■ Instructions to follow ■
Repeat the listing word for word. No pictures belong in the copy.

■ Raw data ■

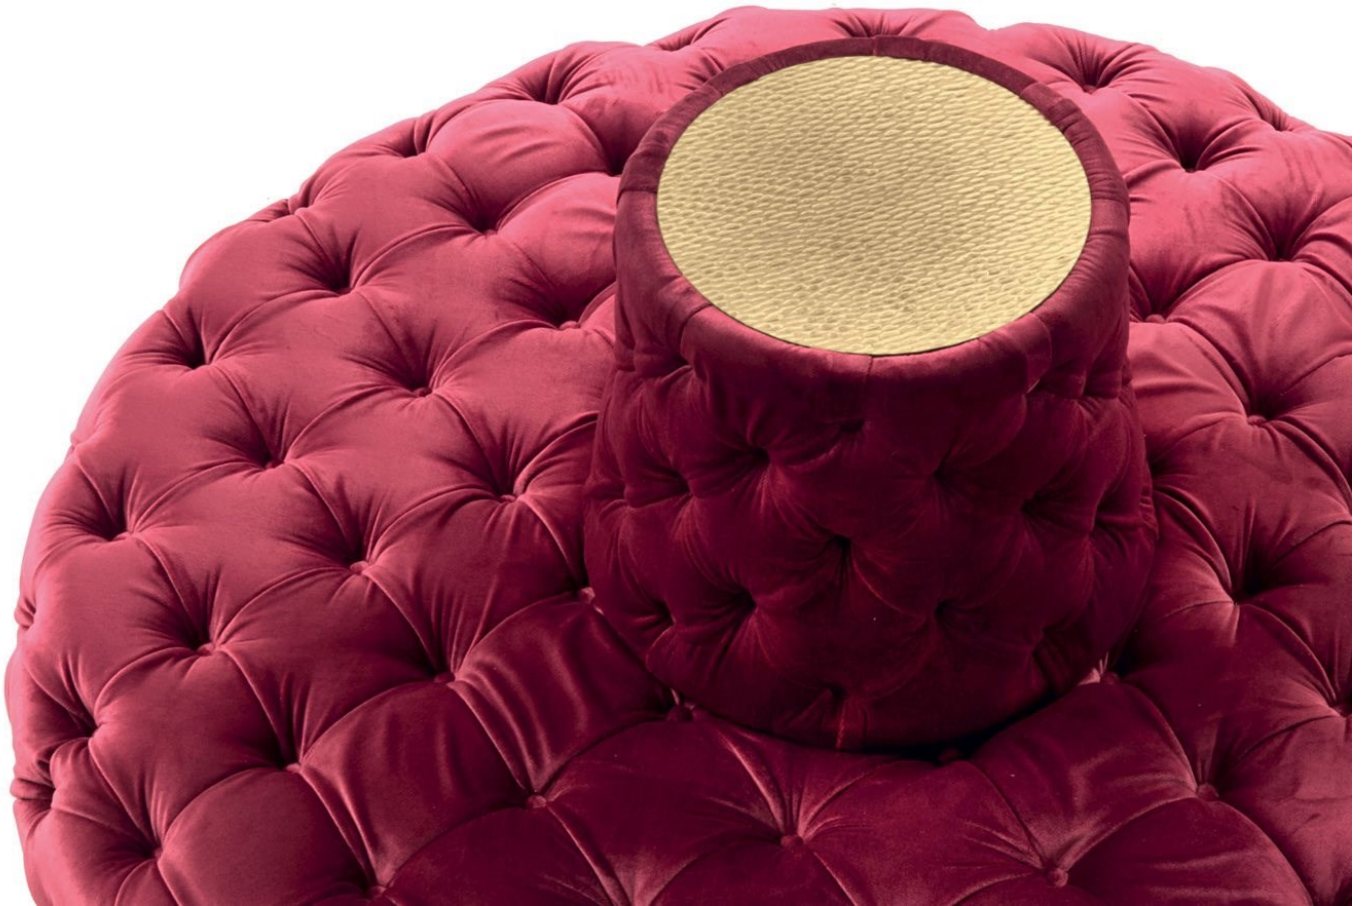

LONGHI

Miur

X 420 Elle Studio

Деревянный каркас, покрытый вспененным полиуретаном различной жесткости. Отделка капитоне с одноцветными пуговицами или кристаллами Swarovski. В основании дивана расположена металлическая окантовка со следующей отделкой: глянцевый хром, глянцевый черный хром, глянцевое светлое золото, матовое золото оттенка шампанского и матовая сатинированная бронза. Покрытие спинки имеет рабочую поверхность со следующей отделкой: литая латунная пластина, обивка в тон дивана, металл, сочетающийся с кольцом в основании сиденья. Ввиду особой обработки обивка как из кожи, так и из ткани является несъемной.

■ Task answer ■
LONGHI

Miur

X 420 Elle Studio

Деревянный каркас, покрытый вспененным полиуретаном различной жесткости. Отделка капитоне с одноцветными пуговицами или кристаллами Swarovski. В основании дивана расположена металлическая окантовка со следующей отделкой: глянцевый хром, глянцевый черный хром, глянцевое светлое золото, матовое золото оттенка шампанского и матовая сатинированная бронза. Покрытие спинки имеет рабочую поверхность со следующей отделкой: литая латунная пластина, обивка в тон дивана, металл, сочетающийся с кольцом в основании сиденья. Ввиду особой обработки обивка как из кожи, так и из ткани является несъемной.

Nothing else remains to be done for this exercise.